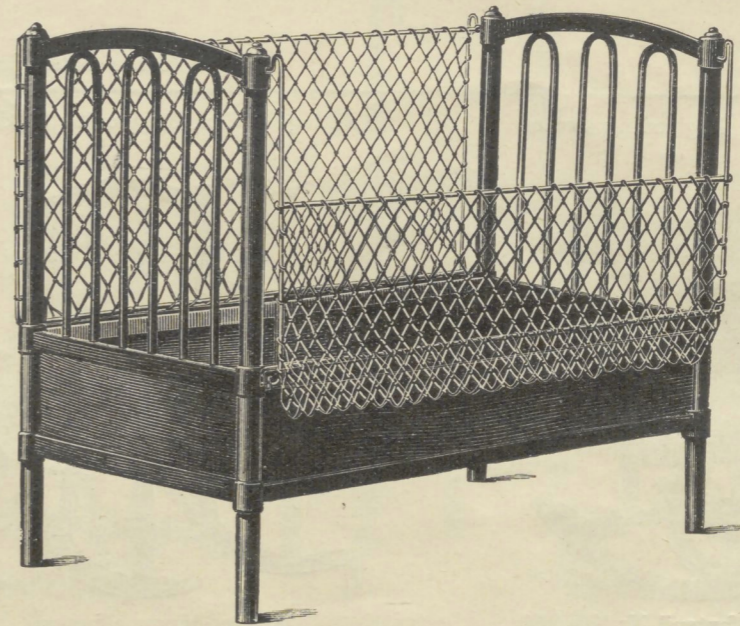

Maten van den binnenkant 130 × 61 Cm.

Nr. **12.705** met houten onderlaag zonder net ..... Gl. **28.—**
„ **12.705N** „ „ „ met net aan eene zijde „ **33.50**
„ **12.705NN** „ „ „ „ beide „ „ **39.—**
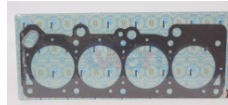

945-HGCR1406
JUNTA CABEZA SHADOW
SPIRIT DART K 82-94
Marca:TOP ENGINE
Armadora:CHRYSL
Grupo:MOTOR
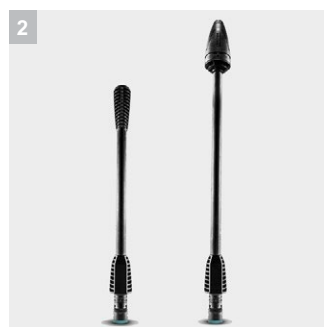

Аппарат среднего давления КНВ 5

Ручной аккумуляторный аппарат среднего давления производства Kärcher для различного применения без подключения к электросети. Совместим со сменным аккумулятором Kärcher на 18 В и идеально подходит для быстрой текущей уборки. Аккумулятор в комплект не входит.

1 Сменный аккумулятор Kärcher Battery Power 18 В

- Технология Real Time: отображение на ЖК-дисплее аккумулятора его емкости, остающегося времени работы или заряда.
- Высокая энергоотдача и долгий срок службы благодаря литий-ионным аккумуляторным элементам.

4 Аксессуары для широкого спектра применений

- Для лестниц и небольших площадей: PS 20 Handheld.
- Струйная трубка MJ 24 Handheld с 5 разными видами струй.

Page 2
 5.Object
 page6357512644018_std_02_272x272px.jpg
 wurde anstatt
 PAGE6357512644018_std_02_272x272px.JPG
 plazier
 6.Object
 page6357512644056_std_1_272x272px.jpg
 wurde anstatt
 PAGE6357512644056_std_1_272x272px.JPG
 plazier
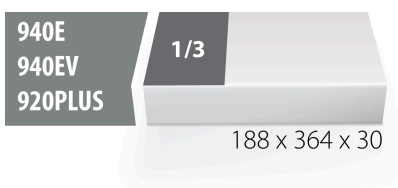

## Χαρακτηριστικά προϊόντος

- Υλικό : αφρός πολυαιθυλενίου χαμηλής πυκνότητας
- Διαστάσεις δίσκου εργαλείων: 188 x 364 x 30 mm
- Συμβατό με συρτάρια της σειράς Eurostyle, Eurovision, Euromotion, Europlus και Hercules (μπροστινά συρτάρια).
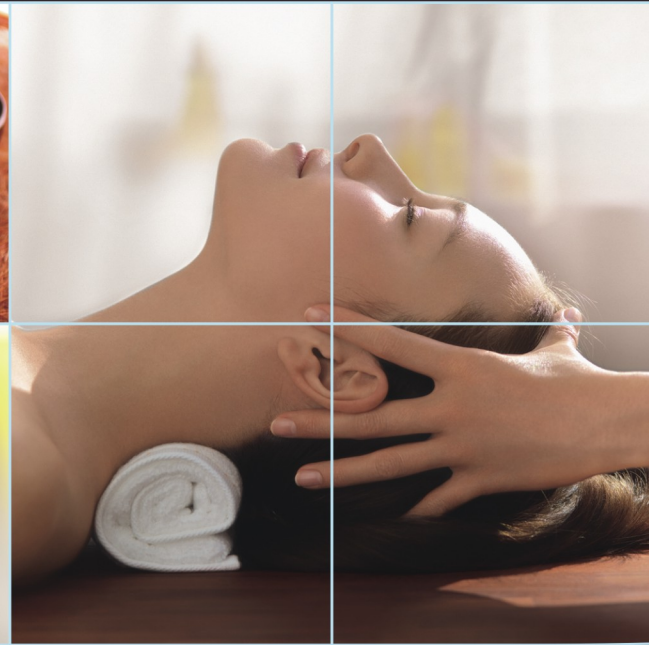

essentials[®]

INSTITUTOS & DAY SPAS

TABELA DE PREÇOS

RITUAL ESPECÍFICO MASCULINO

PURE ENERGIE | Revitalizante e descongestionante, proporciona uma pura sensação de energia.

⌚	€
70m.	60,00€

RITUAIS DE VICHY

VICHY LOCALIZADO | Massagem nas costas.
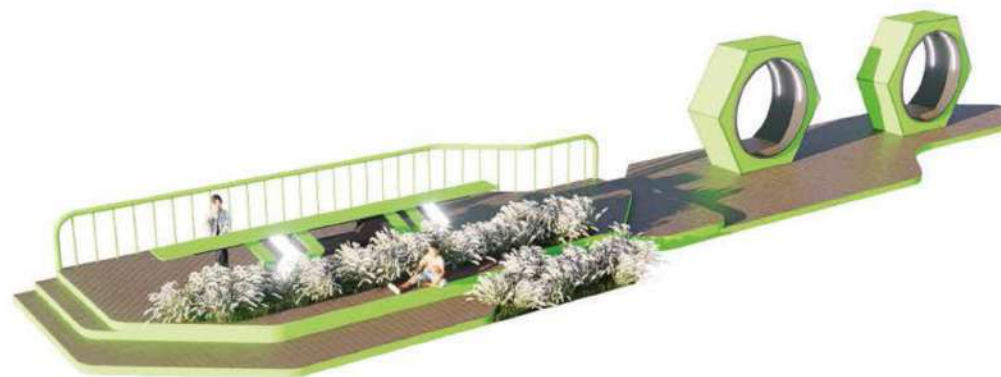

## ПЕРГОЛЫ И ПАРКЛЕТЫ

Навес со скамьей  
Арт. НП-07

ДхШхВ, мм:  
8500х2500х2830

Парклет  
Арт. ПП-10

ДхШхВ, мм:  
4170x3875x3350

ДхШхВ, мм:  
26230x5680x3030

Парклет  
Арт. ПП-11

Brief ->
In the material above, find each line that contains the word "давления", and select it.

Output for this task ->
Аппарат среднего давления КНВ 5
Ручной аккумуляторный аппарат среднего давления производства Kärcher для различного применения без подключения к электросети. Совместим со сменным аккумулятором Kärcher на 18 В и идеально подходит для быстрой текущей уборки. Аккумулятор в комплект не входит.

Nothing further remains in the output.